▶ [Your instructions]
Give the records back exactly as written, but without the images.

___ Recorded information ___

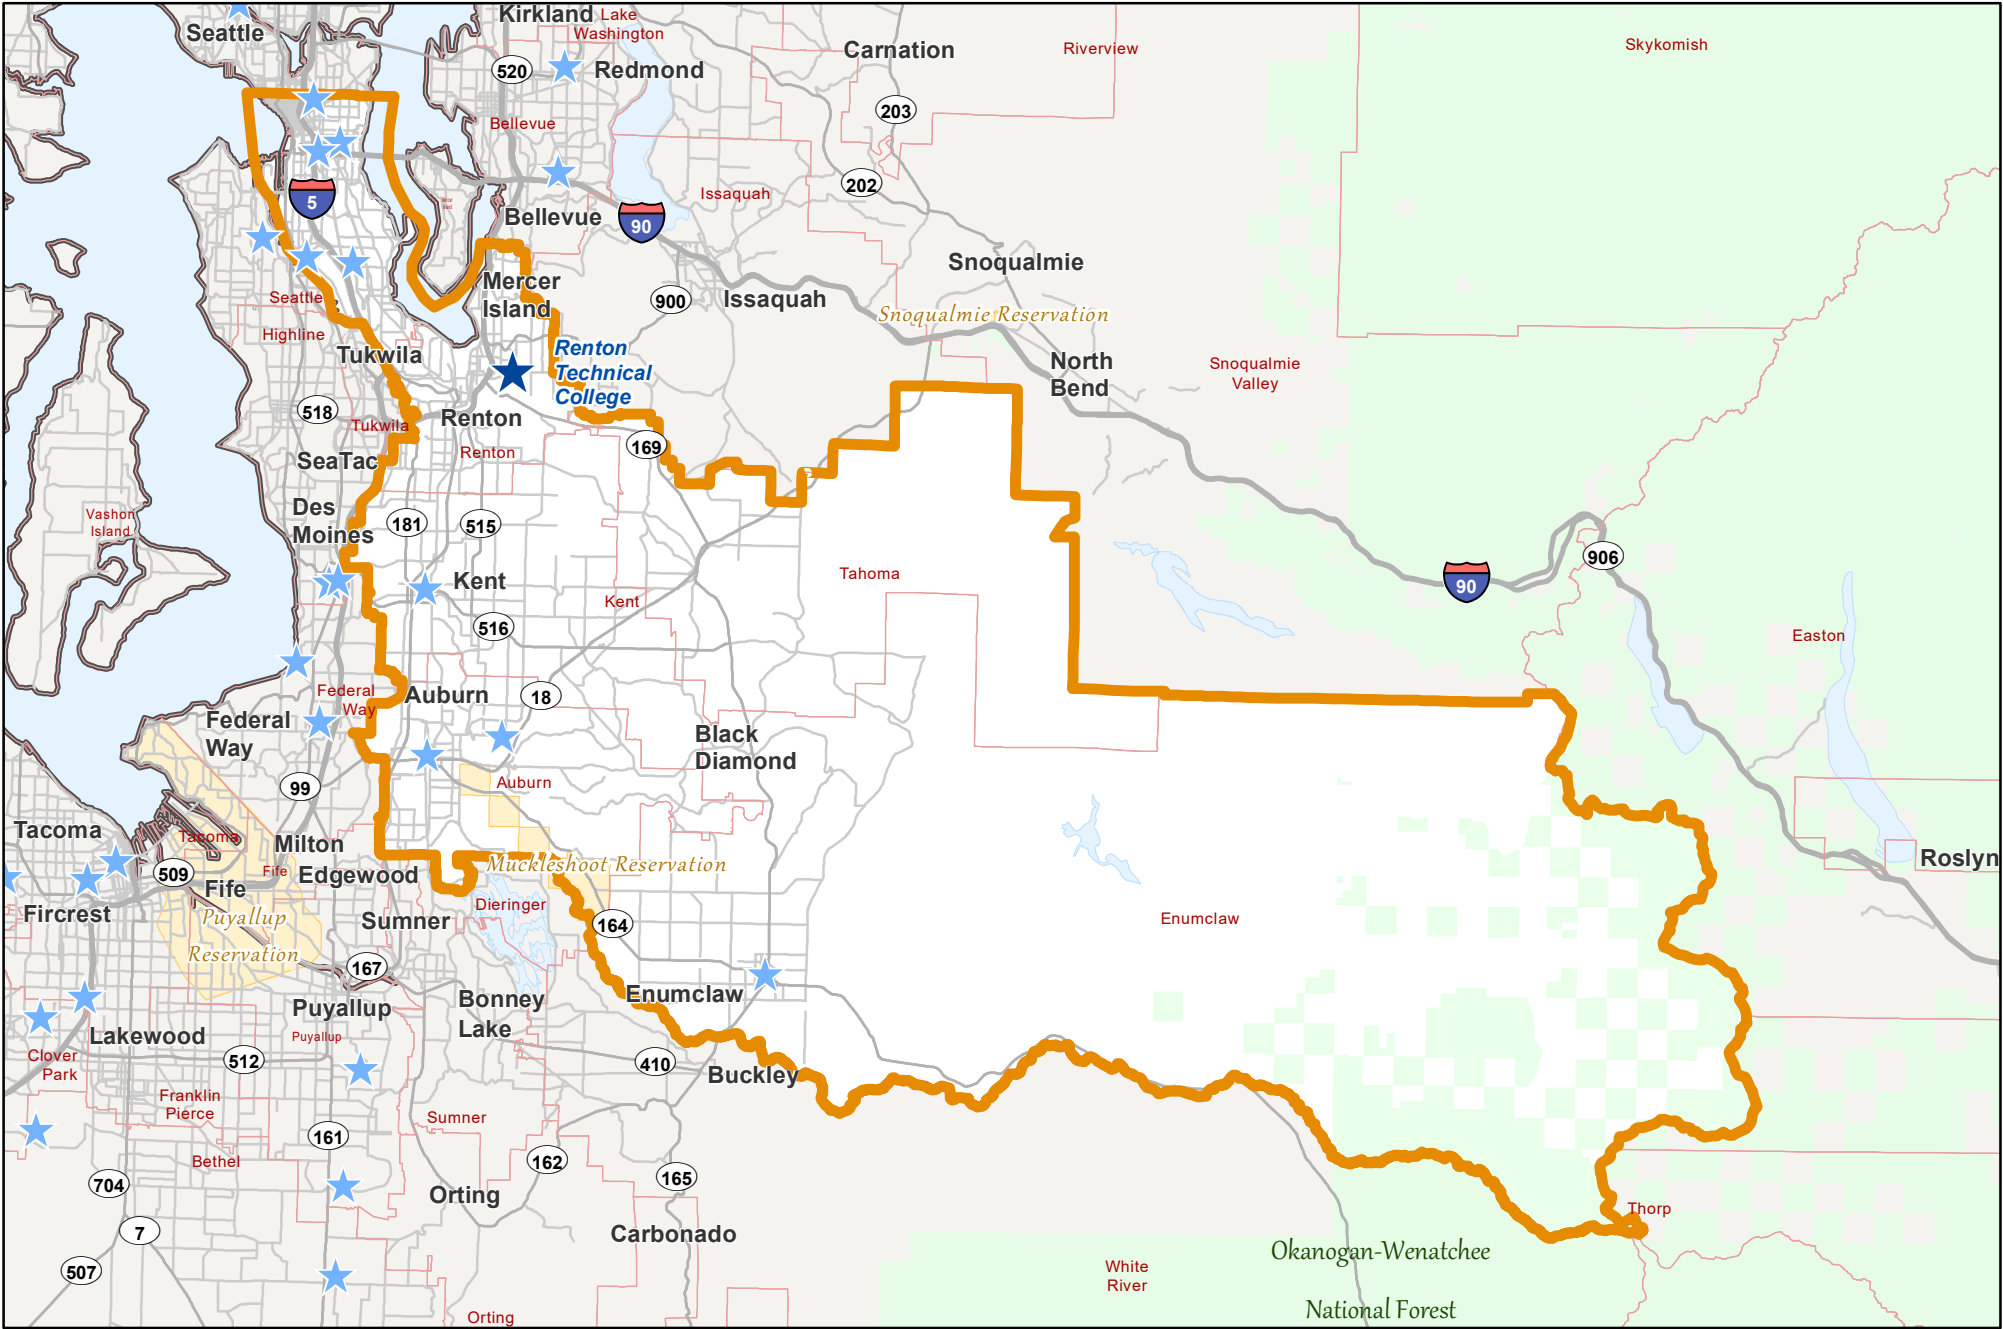

Renton Technical College — District 27

- College district boundary
- K-12 school district
- District-related community and technical colleges
- Other community and technical colleges

___

▶ [Task answer]
Renton Technical College — District 27

- College district boundary
- K-12 school district
- District-related community and technical colleges
- Other community and technical colleges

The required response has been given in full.